What makes the launch interesting is less the model than the positioning. Thinking Machines Lab was founded in February 2025 by Murati along with a clutch of former OpenAI colleagues — among them John Schulman, Barret Zoph and Luke Metz. In July 2025, the company closed a $2 billion seed round led by Andreessen Horowitz, with Nvidia, AMD, Cisco, Accel, ServiceNow and Jane Street on the cap table, valuing the lab at $12 billion before any product existed. That is the largest seed round in venture history by an order of magnitude, and it has hung over the company for ten months as an unanswered question: what, exactly, is the thesis? The answer, on the evidence of this week’s release, is a deliberate second-mover bet. Murati left OpenAI months after the launch of GPT-4o’s voice mode, the demo that more than any other re-set expectations for natural conversation with AI. The Interaction Model release is, in effect, an argument that GPT-4o pointed at the right destination and then took the wrong road — bolting a realtime harness onto a turn-based model rather than rebuilding the model around interaction from the start. Sam Altman’s OpenAI, meanwhile, has spent 2025 and early 2026 funnelling resources into long-running agentic systems and into the joint enterprise venture with Anthropic announced earlier in May. Murati is staking the $12B on the wager that whichever lab owns the live interface — the layer that mediates every contact-centre call, every voice agent, every embedded copilot — owns the substrate beneath the agents. Enterprises do not have to choose, but capital will.
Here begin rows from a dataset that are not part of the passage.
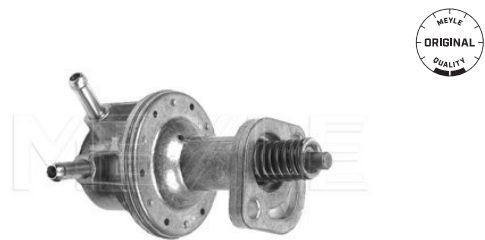

Notes

without gasket / seal
Petrol
Mechanical
2
without disc
12

Number of Poles

Voltage [V]

References

115 090 00 50

115 090 01 50

Application info
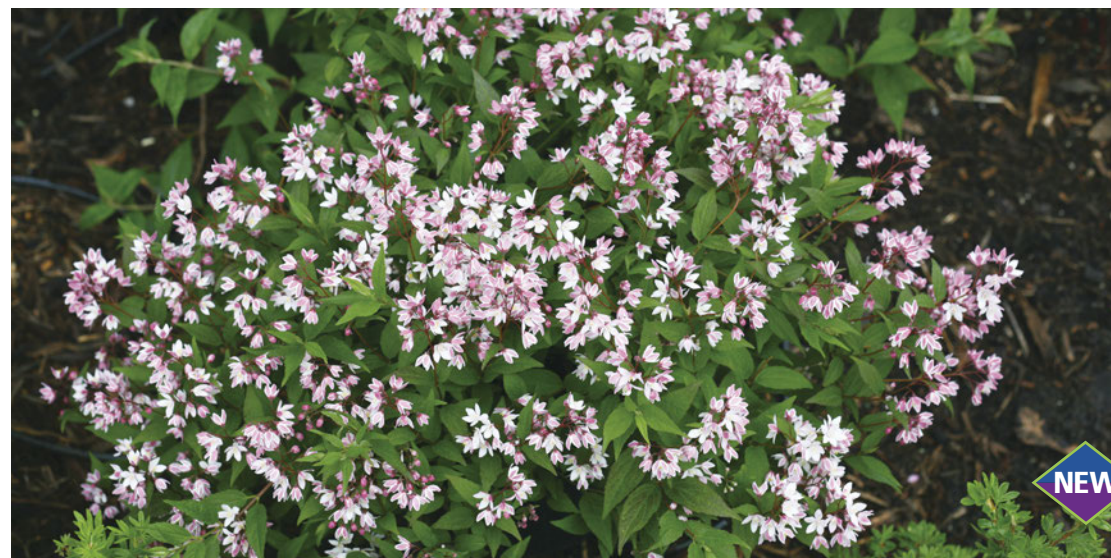

WHAT'S NEW FOR 2015?

Unique Shrubs from Proven Winners

NEW

YUKI CHERRY BLOSSOM™ *Deutzia*

YUKI CHERRY BLOSSOM™ –

Something for early spring sales

A pink-flowered version of 'Nikko', it's covered with beautiful pink flowers right when gardeners are in the store.
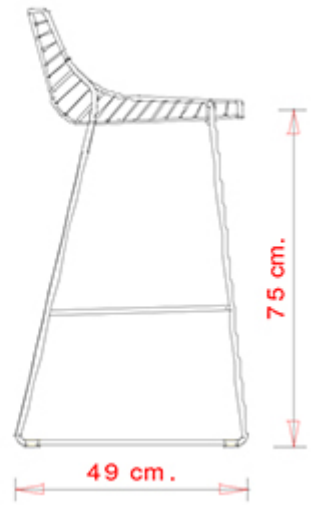

## Net 396

NET COLLECTION:  
Net 096, Net 097, Net 396,

Barstool with steel sled frame.

**Accessories:** Cushion in fabric

**WEIGHT**

6 kg

**PACK**

0,25 m<sup>3</sup>
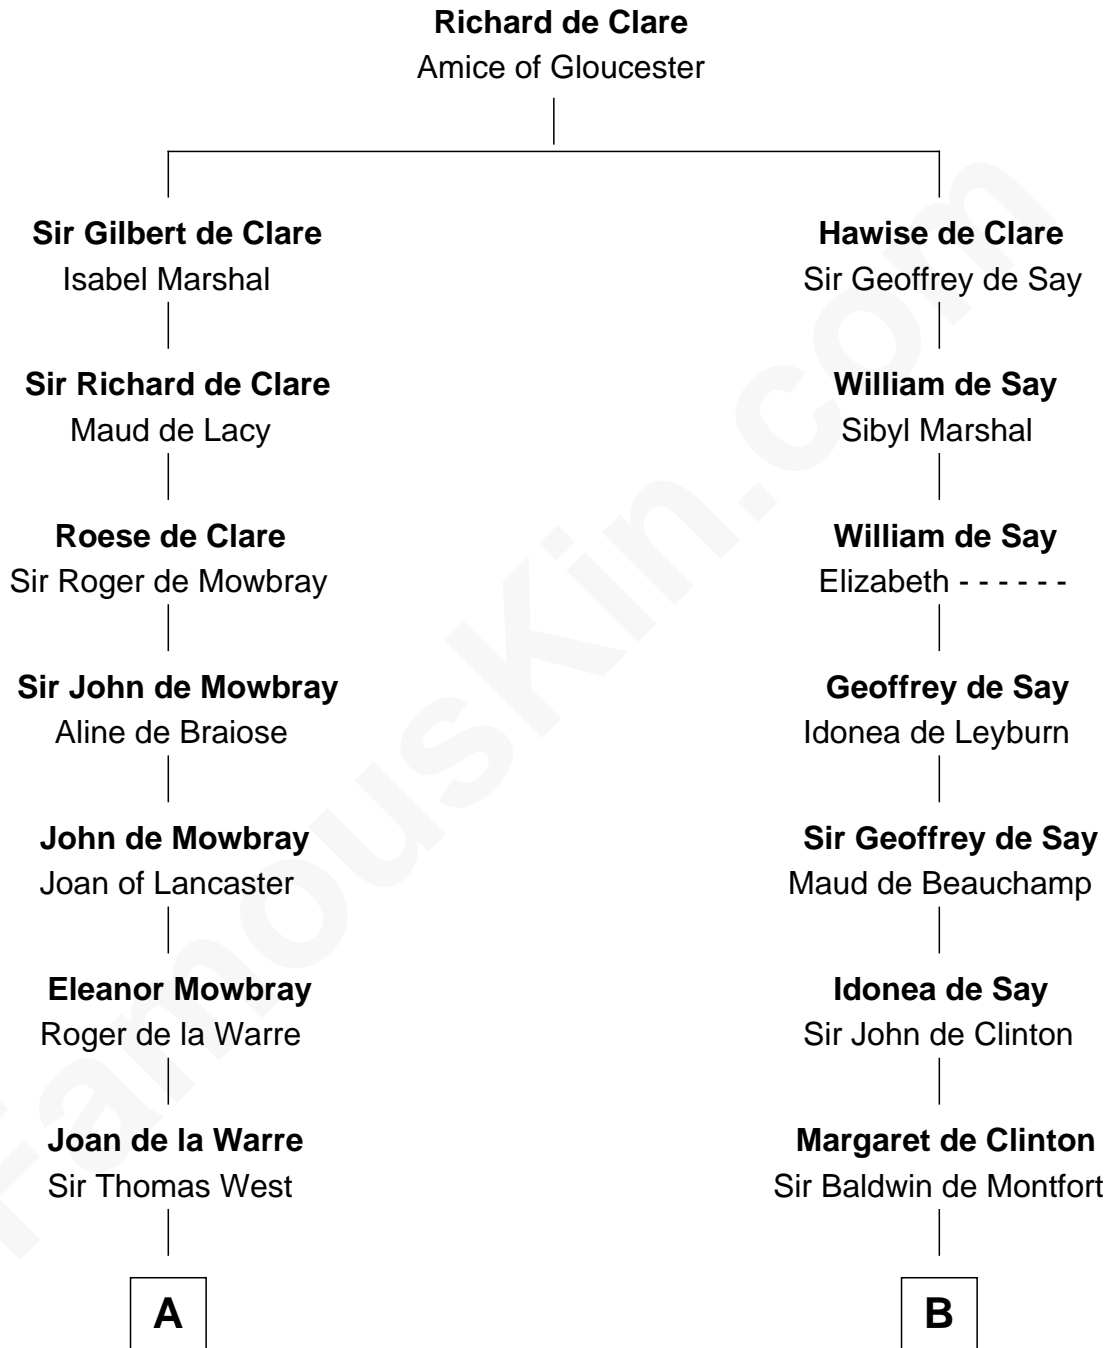

FamousKin.com
Relationship Chart of
William C. C. Claiborne
1st Governor of Louisiana

19th cousin 1 time removed of
Abraham Baldwin
Signer of the U.S. Constitution

C

Nathaniel Claiborne

Jane Cole

William Claiborne

Mary Leigh

William C. C. Claiborne

1st Governor of Louisiana

D

Abigail Baldwin

Samuel Baldwin

Timothy Baldwin

Bathsheba Stone

Michael Baldwin

Lucy Dudley

Abraham Baldwin

Signer of the U.S. Constitution
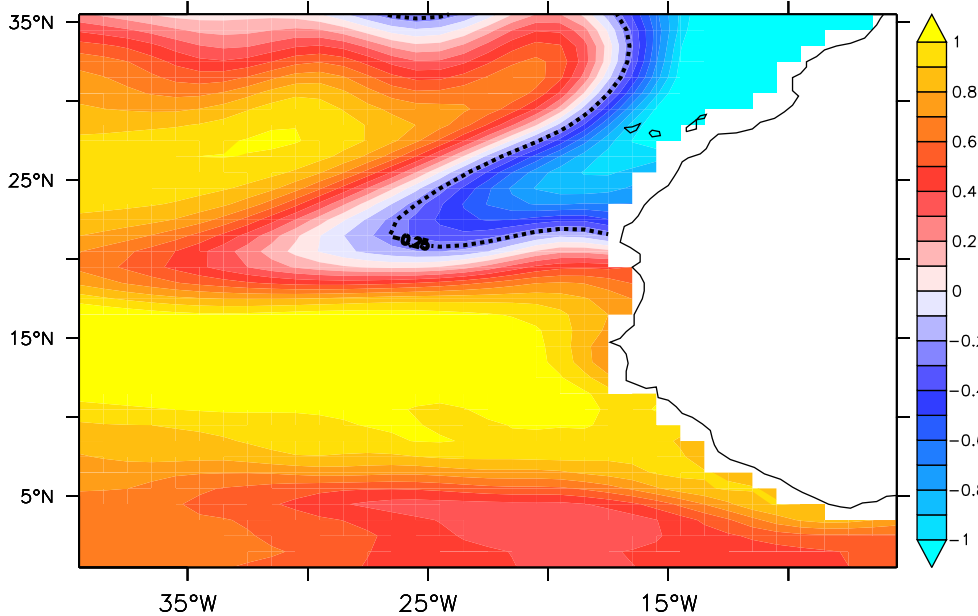

RCP8.5 / ACCESS1-0 / FWleakage

Time evolution in the contoured region

The strategic read for European buyers is narrower still: a US-based lab founded by an OpenAI alumna, financed by US infrastructure capital, signalling its first product into voice — the most regulated AI surface in the EU. The question Brussels will ask in the next twelve months is not whether the technology works, but where the data sits, who keeps the transcripts, and which competent authority signs off when a model is always listening.
For the buyers of voice AI — contact centres, field-service operators, healthcare triage, in-car assistants — latency is not a benchmark, it is a churn metric. Industry studies have long shown that response delays above roughly 600 milliseconds cause callers to talk over the agent, ask whether anyone is there, or hang up. A model that lands at 0.40 seconds with native interruption handling collapses the gap between an AI voicebot and a competent junior agent. The catch for CIOs is that TML-Interaction-Small is not yet a production system: no SLA, no regional deployment story, no integration with the dominant CCaaS platforms, and benchmark numbers that have not been independently reproduced. Procurement teams should treat the announcement as a signal that the voice-agent latency floor is about to drop, not as an immediate vendor decision.
A model that listens continuously, processes video in parallel, and reacts inside 400 milliseconds runs straight into the EU AI Act’s rules on real-time biometric processing and emotion recognition, both of which carry tighter obligations as the Act’s general-purpose model and high-risk provisions phase in through 2026. Always-on audio-video capture also engages GDPR purpose-limitation and consent requirements that turn-based assistants largely sidestep. In the United States, the FCC’s 2024 ruling that AI-generated voices are covered by the Telephone Consumer Protection Act puts outbound voice-agent use cases on notice. Thinking Machines has said little publicly about safety tooling for the model; partners taking the research preview into regulated workflows in Europe will need their own answers on consent capture, transcript handling and biometric-template avoidance before the wider release later this year.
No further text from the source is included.